Céphisodote l'Ancien

sculpteur grec

Céphisodote l'Ancien est un sculpteur athénien du début du IVe siècle av. J.-C. (v. 400-370 av. J.-C.).

Céphisodote l'Ancien
Biographie
Époque
Activité
Enfant

BiographieModifier

Sa vie est très mal connue. Il est habituellement considéré comme le père de Praxitèle, bien que la filiation ne puisse être établie avec certitude : Praxitèle ne cite pas le nom de son père dans ses signatures, et son apogée, que Pline l'Ancien situe lors de la 102e olympiade (c'est-à-dire 372-369 av. J.-C.[1]), paraît bien proche de celui de son fils. Le fait que le fils de Praxitèle s'appelle également Céphisodote tend toutefois à corroborer la filiation : l'usage grec est que le fils aîné porte le nom de son grand-père paternel[2]. Il est également possible que Céphisodote soit non pas le père, mais le beau-père de Praxitèle[3]. Enfin, on sait que sa sœur a été la première épouse du stratège Phocion[4].

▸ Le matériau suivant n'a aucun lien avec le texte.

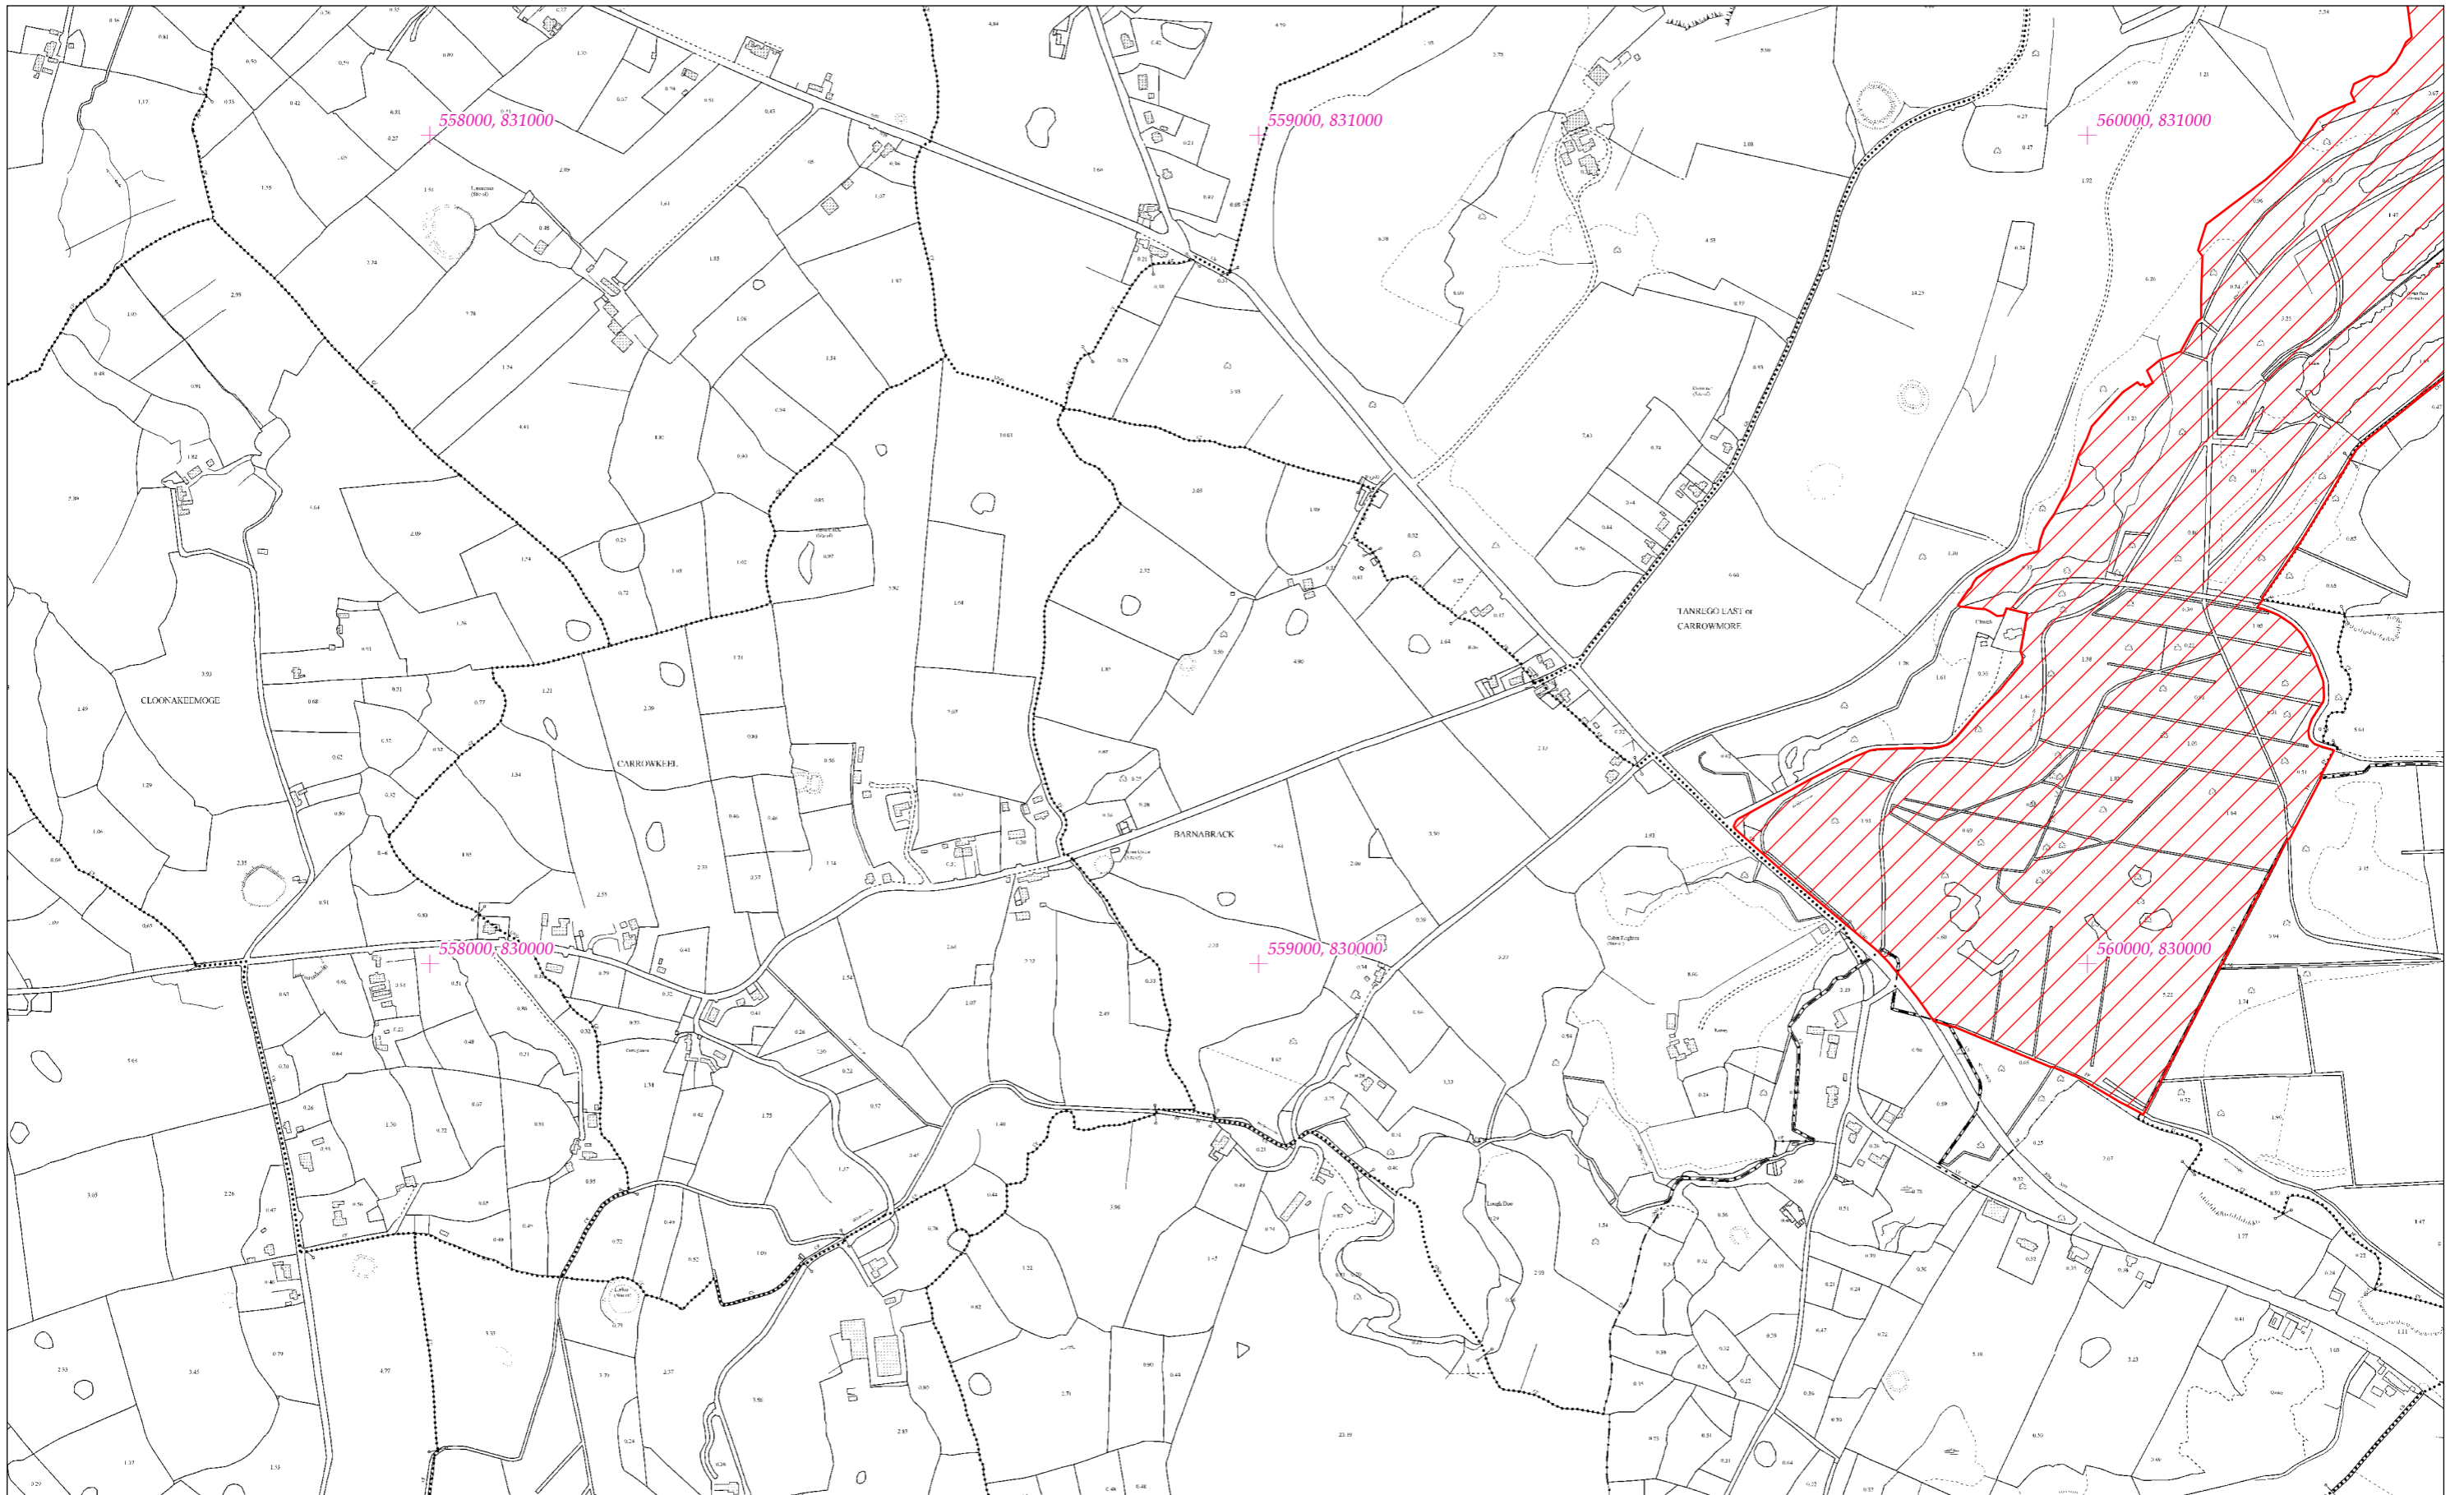

Rialachán 4(1)(b) / Regulation 4(1)(b)

Leathanach 14 de 20 (Co. Shligigh)
Page 14 of 20 (Co. Sligo)

LIMISTÉAR FAOI CHAOMHNÚ SPEISIALTA
SPECIAL AREA OF CONSERVATION

Suirbhéireacht Ordanáis Éireann Ceadúnas Uimhir OSI-NMA-014 © OSI / Rialtas na hÉireann
Ordnance Survey Ireland Licence No. OSI-NMA-014 © Ordnance Survey Ireland / Government of Ireland
Córas Comhordanáidí: Trasteilgean Mercator na hÉireann / Co-ordinate System: Irish Transverse Mercator

LCS Chuan Bhaile Easa Dara
Ballysadare Bay SAC
1:5000 O.S. TILE 1129b 14 of 20

SITE CODE
000622

Leagan / Version: 3.04
Arna chló an / Printed on: 20/01/2022

Il semble d'après les textes anciens que sa sphère d'activité ait été relativement limitée, centrée sur l'Attique[5].

ŒuvresModifier

Son œuvre la plus connue est une Eiréné portant Ploutos (c'est-à-dire la Paix portant la Richesse), qui correspond certainement à une commande à l'occasion de l'un des deux congrès panhellénique pour la paix, dont le premier a lieu en 374 av. J.-C. et le second en 371 av. J.-C.[6] Pausanias la voit installée sur l'agora d'Athènes pendant sa visite de la ville[7] Elle a été reconnue en 1839 dans une statue romaine qui a figuré dans les collections Albani avant de rejoindre la glyptothèque de Munich[8]. Une autre copie, peut-être plus fidèle, a été trouvée à Cumes en Grande Grèce[8] ; elle est aujourd'hui conservée au musée archéologique de Naples.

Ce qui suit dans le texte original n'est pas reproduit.